Copy word for word the lines of the records below, beginning at the one with "ILLUMINATION" and finishing at the one with "in appoggio", ends included, but none of the pictures.

——————

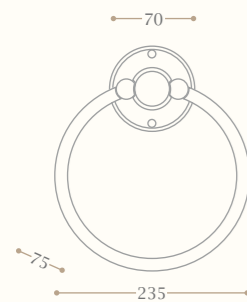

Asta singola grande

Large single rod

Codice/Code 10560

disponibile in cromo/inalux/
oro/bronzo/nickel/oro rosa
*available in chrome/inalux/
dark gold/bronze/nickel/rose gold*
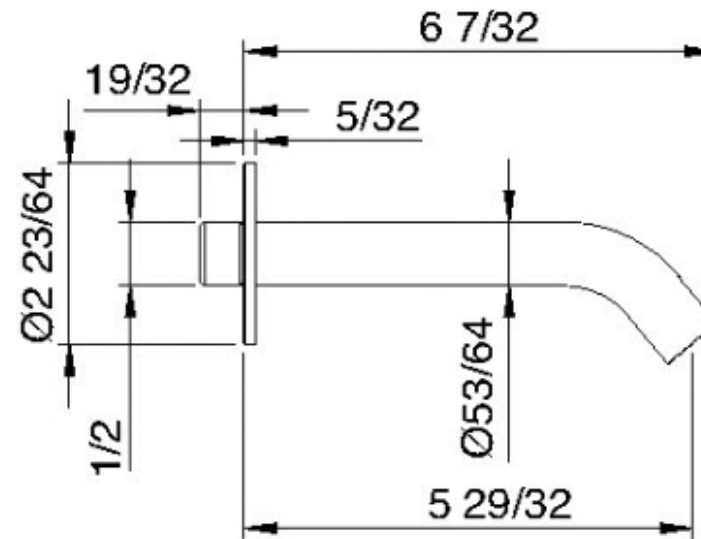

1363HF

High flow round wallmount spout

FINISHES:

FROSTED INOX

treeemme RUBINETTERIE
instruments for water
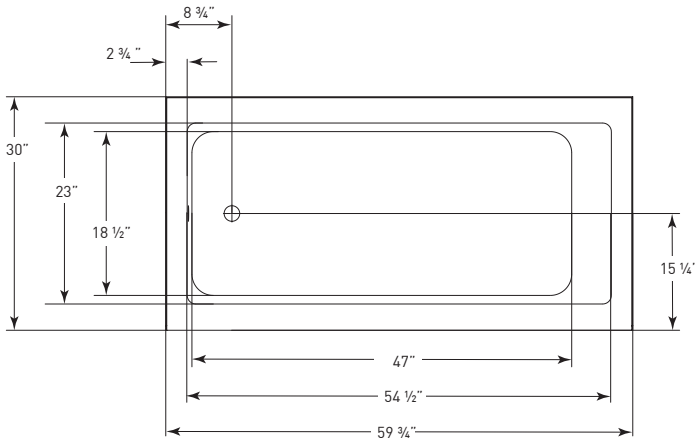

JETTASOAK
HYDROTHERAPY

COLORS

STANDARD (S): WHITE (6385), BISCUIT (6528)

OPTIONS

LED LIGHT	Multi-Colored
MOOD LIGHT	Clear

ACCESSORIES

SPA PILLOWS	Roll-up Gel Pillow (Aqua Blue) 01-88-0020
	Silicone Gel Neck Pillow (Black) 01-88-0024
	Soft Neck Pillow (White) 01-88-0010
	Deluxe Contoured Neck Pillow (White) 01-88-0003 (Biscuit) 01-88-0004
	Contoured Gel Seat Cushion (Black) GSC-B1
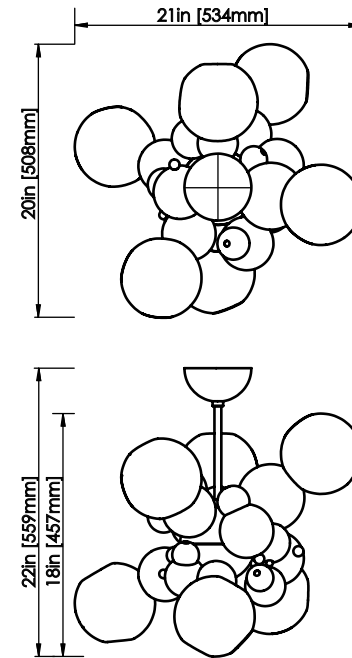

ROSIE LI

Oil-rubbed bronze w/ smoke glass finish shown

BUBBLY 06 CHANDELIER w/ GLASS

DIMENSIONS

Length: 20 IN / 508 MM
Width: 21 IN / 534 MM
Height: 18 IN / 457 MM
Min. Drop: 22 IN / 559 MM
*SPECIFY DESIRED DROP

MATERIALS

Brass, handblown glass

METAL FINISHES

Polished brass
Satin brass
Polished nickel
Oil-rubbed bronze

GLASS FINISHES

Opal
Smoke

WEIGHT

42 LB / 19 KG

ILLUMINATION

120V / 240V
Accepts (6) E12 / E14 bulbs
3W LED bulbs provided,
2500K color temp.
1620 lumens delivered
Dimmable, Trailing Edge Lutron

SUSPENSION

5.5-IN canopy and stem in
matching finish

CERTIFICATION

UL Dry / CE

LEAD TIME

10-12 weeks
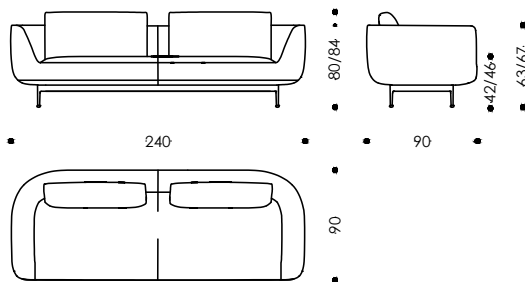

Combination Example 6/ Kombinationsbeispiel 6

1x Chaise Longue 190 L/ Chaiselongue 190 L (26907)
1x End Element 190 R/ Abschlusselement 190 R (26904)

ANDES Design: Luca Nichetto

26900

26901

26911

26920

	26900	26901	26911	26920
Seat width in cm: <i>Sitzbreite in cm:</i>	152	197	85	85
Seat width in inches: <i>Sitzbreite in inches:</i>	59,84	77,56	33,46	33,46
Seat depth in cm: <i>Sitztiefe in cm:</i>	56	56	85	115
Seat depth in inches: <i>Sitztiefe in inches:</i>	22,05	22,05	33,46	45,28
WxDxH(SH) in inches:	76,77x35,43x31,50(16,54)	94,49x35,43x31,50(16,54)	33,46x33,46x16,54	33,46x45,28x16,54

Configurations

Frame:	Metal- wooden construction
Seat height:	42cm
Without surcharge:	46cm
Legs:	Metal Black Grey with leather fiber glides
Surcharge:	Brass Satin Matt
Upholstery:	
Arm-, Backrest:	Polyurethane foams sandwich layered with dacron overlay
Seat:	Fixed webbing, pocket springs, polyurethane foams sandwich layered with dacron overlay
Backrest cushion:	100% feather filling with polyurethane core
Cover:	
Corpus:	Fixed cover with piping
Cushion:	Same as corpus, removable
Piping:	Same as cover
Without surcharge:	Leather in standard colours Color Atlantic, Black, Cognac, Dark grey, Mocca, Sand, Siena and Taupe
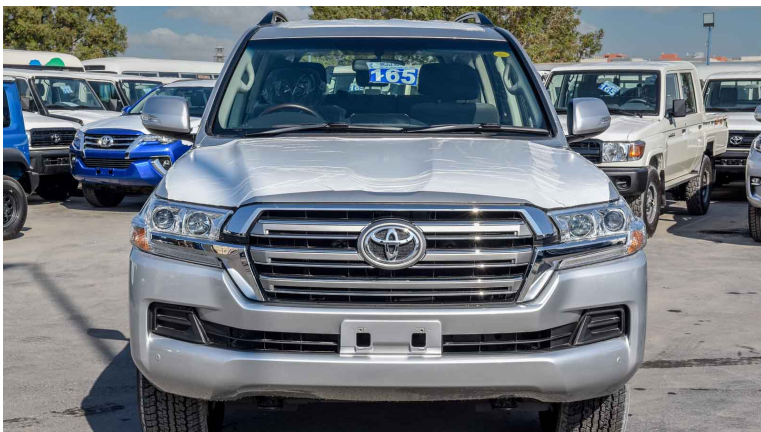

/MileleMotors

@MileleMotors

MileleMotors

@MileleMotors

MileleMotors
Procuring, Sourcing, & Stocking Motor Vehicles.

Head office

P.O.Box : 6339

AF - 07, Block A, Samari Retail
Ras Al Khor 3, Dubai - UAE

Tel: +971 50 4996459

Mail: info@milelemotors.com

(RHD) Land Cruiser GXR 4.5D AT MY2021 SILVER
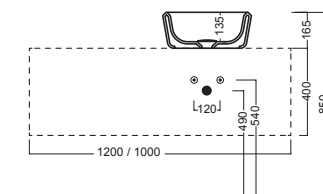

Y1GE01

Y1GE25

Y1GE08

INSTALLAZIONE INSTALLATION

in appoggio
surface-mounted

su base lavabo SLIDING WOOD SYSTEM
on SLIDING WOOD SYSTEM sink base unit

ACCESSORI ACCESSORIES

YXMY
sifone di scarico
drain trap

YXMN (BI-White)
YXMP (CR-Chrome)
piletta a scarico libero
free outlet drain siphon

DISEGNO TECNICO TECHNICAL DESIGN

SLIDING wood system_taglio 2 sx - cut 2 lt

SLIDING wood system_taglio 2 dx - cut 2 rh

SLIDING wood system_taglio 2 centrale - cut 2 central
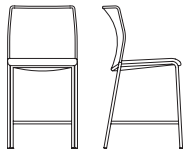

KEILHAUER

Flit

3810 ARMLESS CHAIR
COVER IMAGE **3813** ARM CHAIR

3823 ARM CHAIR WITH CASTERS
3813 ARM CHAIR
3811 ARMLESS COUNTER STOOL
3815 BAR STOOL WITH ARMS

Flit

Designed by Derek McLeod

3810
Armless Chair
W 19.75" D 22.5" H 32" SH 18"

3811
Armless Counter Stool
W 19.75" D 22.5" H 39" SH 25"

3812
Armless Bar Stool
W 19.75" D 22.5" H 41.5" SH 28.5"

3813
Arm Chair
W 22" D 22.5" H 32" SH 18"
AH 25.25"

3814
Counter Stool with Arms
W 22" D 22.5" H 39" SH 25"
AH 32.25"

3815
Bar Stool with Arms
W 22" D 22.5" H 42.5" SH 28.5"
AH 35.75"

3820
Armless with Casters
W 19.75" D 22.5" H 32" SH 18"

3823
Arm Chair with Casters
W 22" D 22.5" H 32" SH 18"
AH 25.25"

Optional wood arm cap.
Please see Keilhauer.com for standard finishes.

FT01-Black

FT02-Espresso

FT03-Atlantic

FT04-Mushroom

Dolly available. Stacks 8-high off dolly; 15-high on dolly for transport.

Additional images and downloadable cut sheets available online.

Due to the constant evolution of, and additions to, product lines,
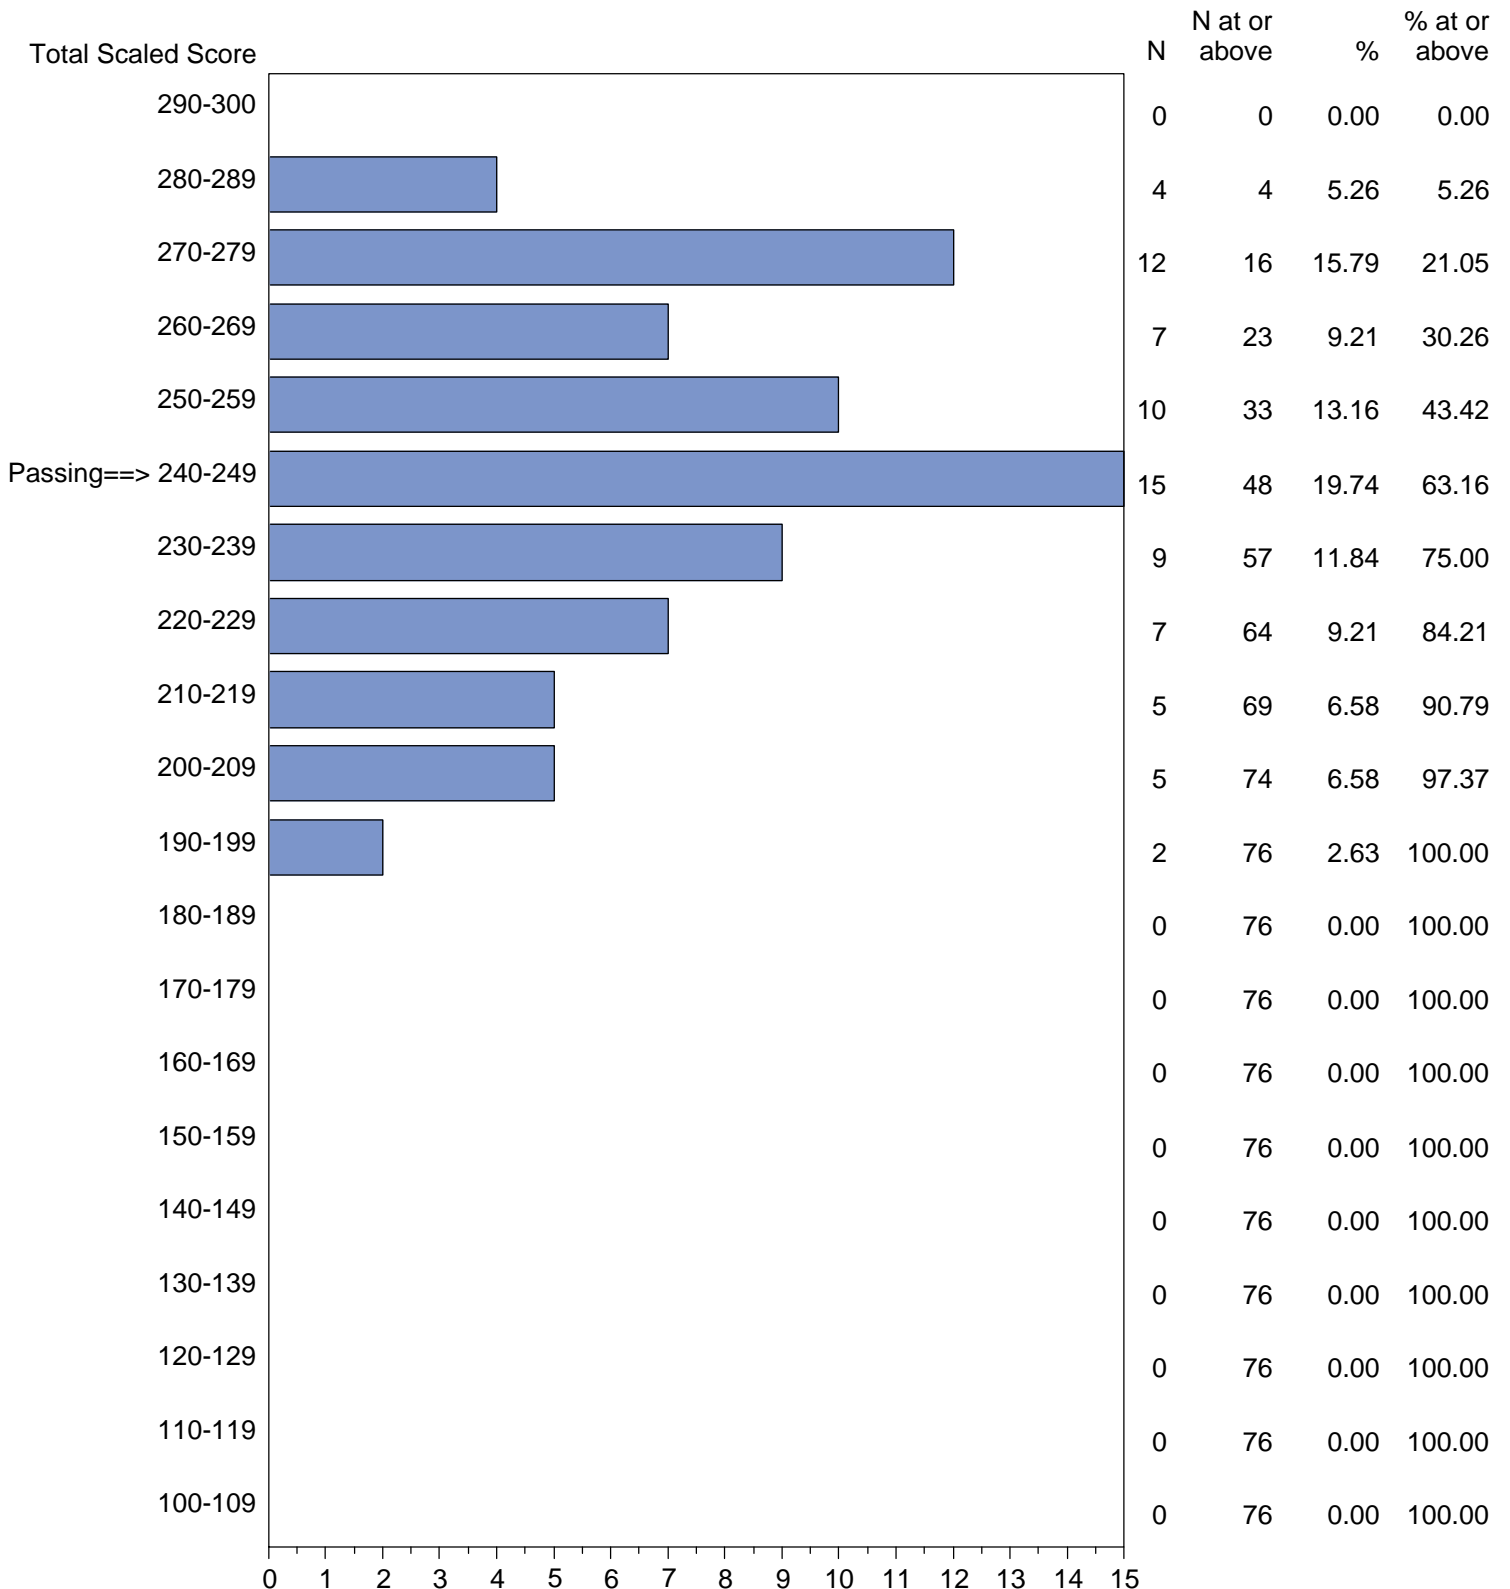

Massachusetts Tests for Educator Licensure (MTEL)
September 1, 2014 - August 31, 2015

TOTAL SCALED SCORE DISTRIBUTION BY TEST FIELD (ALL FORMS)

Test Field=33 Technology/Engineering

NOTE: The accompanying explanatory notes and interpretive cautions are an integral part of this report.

——————

§ **Written answer**:
ILLUMINATION

120V / 240V
Accepts (6) E12 / E14 bulbs
3W LED bulbs provided,
2500K color temp.
1620 lumens delivered
Dimmable, Trailing Edge Lutron

SUSPENSION

5.5-IN canopy and stem in
matching finish

CERTIFICATION

UL Dry / CE

LEAD TIME

10-12 weeks

Combination Example 6/ Kombinationsbeispiel 6

1x Chaise Longue 190 L/ Chaiselongue 190 L (26907)
1x End Element 190 R/ Abschlusselement 190 R (26904)

ANDES Design: Luca Nichetto

26900

26901

26911

26920

	26900	26901	26911	26920
Seat width in cm: <i>Sitzbreite in cm:</i>	152	197	85	85
Seat width in inches: <i>Sitzbreite in inches:</i>	59,84	77,56	33,46	33,46
Seat depth in cm: <i>Sitztiefe in cm:</i>	56	56	85	115
Seat depth in inches: <i>Sitztiefe in inches:</i>	22,05	22,05	33,46	45,28
WxDxH(SH) in inches:	76,77x35,43x31,50(16,54)	94,49x35,43x31,50(16,54)	33,46x33,46x16,54	33,46x45,28x16,54

Configurations

Frame:	Metal- wooden construction
Seat height:	42cm
Without surcharge:	46cm
Legs:	Metal Black Grey with leather fiber glides
Surcharge:	Brass Satin Matt
Upholstery:	
Arm-, Backrest:	Polyurethane foams sandwich layered with dacron overlay
Seat:	Fixed webbing, pocket springs, polyurethane foams sandwich layered with dacron overlay
Backrest cushion:	100% feather filling with polyurethane core
Cover:	
Corpus:	Fixed cover with piping
Cushion:	Same as corpus, removable
Piping:	Same as cover
Without surcharge:	Leather in standard colours Color Atlantic, Black, Cognac, Dark grey, Mocca, Sand, Siena and Taupe

/MileleMotors

@MileleMotors

MileleMotors

@MileleMotors

MileleMotors
Procuring, Sourcing, & Stocking Motor Vehicles.

Head office

P.O.Box : 6339

AF - 07, Block A, Samari Retail
Ras Al Khor 3, Dubai - UAE

Tel: +971 50 4996459

Mail: info@milelemotors.com

(RHD) Land Cruiser GXR 4.5D AT MY2021 SILVER

Y1GE01

Y1GE25

Y1GE08

INSTALLAZIONE INSTALLATION

in appoggio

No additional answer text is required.